Да, наши органы общественного порядка дают возможность трудящимся выражать их чувства вплоть до того, что перекрывают вот уличное движение по самой крупной артерии столицы, чтобы оно не помешало выявлению этих чувств. Это, я думаю, надо подчеркнуть, чтобы вспомнить, как потом, через несколько месяцев, несколько человек уселись на Лобном месте с плакатами, тоже выражавшими их чувства, — в связи с вторжением в Чехословакию. Их немедленно схватили, вырывая плакаты и выбивая зубы, как «мешающих уличному движению», хотя через Красную площадь транспорт не ездит и при Лобном месте никакого уличного движения нет. Подобных примеров сотни, вплоть до сегодняшнего дня: все, что не по распоряжению сверху, — мешает уличному порядку, оказывается. Советские люди прекрасно знают, как прекращаются все уличные движения, когда надо кого-то встречать: космонавтов ли, Фиделя Кастро ли. Массовые снятия с работы и занятий, организованные колонны на точно распределенных участках вдоль трассы встречи, казенные раздаваемые цветы и флажки, которые по окончании процедуры следует сложить в кучи под табличками с названиями районов.
Я видел однажды в Болгарии, в Софии, более экономичную, я бы сказал остроумную, организацию встречи.
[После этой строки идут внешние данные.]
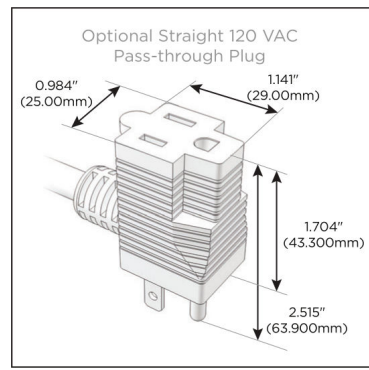

Plug:

Supplied with Low Profile Flat 45° Angle 120 VAC Plug

Optional Standard Straight 120 VAC Plug

Optional Straight 120 VAC Pass-through Plug

- CLEAN, COMPACT DESIGN
- STREAMLINED
- LOW PROFILE
- SIDE-EXITING CORDS
- PLUG & PLAY
- 6' AC CORD & PLUG (FLAT PLUG STANDARD)
- CUSTOMIZABLE CONFIGURATIONS AND FINISHES
- UL LISTED FOR MOUNTING IN FURNITURE
- 15A

M-POWER-4T

AC POWER & DATA CONNECTIVITY SOLUTION

M-POWER-4T-AM6H-BRAB

Specs:

Modules/Ports:

- A** Tamper Resistant AC Receptacle
- M** Double USB-A (Fast Charging Ports - 18W)
- 6** CAT 6
- H** HDMI

A M 6 H

По центральный улице Софии вдруг через каждые десять-пятнадцать метров стали милиционеры — и всех, кто хотел перейти улицу, возвращали обратно. Никто ничего не понимал: что случилось? По противоположным тротуарам в пять минут скопились толпы желающих перейти на другую сторону — кто домой, кто на работу, в магазин и так далее, — а милиция кричала, свистела, яростно ловила и заворачивала перебежчиков. Через полчаса вдоль всей длинной улицы стояли черные шпалеры возбужденных, недоумевающих людей. И вдруг побежали активисты, раздавая передним цветы, флажки и сообщая, что сейчас проедет какой-то великий гость.
Показались машины, много машин, эскорт мотоциклистов, и, стоя в открытом автомобиле, великий гость улыбался и махал рукой радостно возопившим толпам по обеим сторонам улицы. Этот вопль был действительно, искренне радостный, потому что наконец все разъяснилось, ну и великого человека, конечно, вдруг неожиданно увидели, но, главное, теперь, когда он проедет, можно будет наконец перейти через дорогу. Как только скрылась последняя машина с охраной, так сразу уличное движение и возобновилось. Спрашивали: кто это был? Оказалось, Новотный из братской Чехословакии. Как раз то были его последние месяцы.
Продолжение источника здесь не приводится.